● **Data to process**:
Segment Open

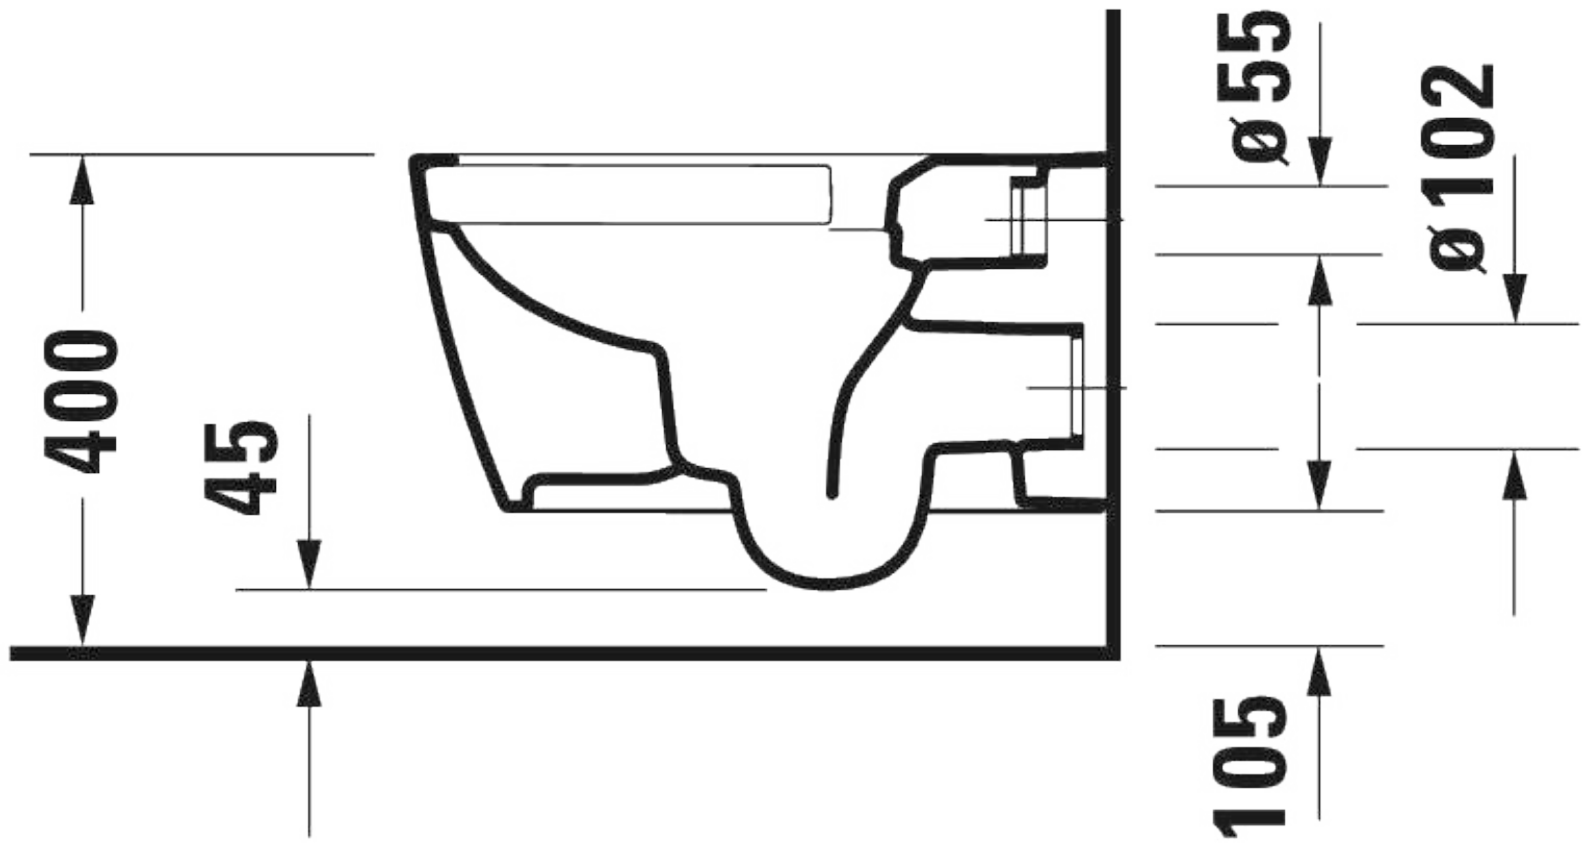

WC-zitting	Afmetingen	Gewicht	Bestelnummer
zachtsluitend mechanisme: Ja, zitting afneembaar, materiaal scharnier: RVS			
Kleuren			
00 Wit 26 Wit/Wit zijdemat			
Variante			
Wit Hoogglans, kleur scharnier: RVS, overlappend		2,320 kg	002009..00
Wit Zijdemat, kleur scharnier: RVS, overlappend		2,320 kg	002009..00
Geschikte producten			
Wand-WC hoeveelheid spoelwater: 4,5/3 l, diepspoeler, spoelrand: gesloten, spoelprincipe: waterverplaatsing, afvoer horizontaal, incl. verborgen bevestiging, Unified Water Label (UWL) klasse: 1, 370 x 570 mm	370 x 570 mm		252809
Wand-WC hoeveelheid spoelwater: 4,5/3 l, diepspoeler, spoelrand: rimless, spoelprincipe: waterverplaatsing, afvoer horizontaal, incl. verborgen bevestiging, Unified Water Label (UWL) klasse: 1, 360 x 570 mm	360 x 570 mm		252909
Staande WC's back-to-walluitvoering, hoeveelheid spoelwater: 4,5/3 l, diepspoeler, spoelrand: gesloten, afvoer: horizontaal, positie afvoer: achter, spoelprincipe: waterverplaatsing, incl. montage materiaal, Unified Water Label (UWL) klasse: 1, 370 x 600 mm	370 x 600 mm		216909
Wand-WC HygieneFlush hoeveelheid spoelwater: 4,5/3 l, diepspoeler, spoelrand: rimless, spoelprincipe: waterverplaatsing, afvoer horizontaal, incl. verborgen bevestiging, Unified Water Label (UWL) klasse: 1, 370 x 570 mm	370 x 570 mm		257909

Segment Closed
Segment Open

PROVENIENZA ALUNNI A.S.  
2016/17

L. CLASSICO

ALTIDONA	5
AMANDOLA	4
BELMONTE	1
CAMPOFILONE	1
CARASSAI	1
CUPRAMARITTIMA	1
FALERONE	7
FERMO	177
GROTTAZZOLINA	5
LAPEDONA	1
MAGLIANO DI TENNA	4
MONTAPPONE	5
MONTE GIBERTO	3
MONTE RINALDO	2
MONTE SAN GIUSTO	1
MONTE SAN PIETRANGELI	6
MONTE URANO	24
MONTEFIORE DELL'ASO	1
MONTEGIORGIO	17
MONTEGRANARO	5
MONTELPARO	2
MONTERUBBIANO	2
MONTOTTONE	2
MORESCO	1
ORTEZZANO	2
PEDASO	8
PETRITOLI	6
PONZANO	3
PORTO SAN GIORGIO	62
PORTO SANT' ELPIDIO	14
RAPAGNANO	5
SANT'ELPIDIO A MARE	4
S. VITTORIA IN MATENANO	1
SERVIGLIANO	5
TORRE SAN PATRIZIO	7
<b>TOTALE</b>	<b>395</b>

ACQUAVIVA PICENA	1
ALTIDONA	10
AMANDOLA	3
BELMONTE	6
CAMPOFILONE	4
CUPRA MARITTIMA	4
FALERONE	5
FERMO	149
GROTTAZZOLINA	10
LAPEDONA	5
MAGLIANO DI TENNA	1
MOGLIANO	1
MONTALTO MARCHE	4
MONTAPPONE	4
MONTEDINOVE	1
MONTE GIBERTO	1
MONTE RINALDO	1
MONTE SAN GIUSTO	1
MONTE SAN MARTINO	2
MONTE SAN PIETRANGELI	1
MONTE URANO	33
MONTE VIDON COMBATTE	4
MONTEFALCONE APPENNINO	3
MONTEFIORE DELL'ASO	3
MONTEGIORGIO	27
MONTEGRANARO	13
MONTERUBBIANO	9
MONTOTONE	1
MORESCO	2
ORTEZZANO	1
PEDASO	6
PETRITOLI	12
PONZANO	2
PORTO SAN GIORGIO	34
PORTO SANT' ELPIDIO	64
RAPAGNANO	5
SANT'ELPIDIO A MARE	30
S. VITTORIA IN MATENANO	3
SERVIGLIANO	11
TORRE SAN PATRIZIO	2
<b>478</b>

Segment Closed

● **Your assignment**:
Scan the entries above, and wherever a line holds the string "spoelprincipe", copy it.

● **Reply**:
Wand-WC hoeveelheid spoelwater: 4,5/3 l, diepspoeler, spoelrand: gesloten, spoelprincipe: waterverplaatsing, afvoer horizontaal, incl. verborgen bevestiging, Unified Water Label (UWL) klasse: 1, 370 x 570 mm	370 x 570 mm		252809
Wand-WC hoeveelheid spoelwater: 4,5/3 l, diepspoeler, spoelrand: rimless, spoelprincipe: waterverplaatsing, afvoer horizontaal, incl. verborgen bevestiging, Unified Water Label (UWL) klasse: 1, 360 x 570 mm	360 x 570 mm		252909
Staande WC's back-to-walluitvoering, hoeveelheid spoelwater: 4,5/3 l, diepspoeler, spoelrand: gesloten, afvoer: horizontaal, positie afvoer: achter, spoelprincipe: waterverplaatsing, incl. montage materiaal, Unified Water Label (UWL) klasse: 1, 370 x 600 mm	370 x 600 mm		216909
Wand-WC HygieneFlush hoeveelheid spoelwater: 4,5/3 l, diepspoeler, spoelrand: rimless, spoelprincipe: waterverplaatsing, afvoer horizontaal, incl. verborgen bevestiging, Unified Water Label (UWL) klasse: 1, 370 x 570 mm	370 x 570 mm		257909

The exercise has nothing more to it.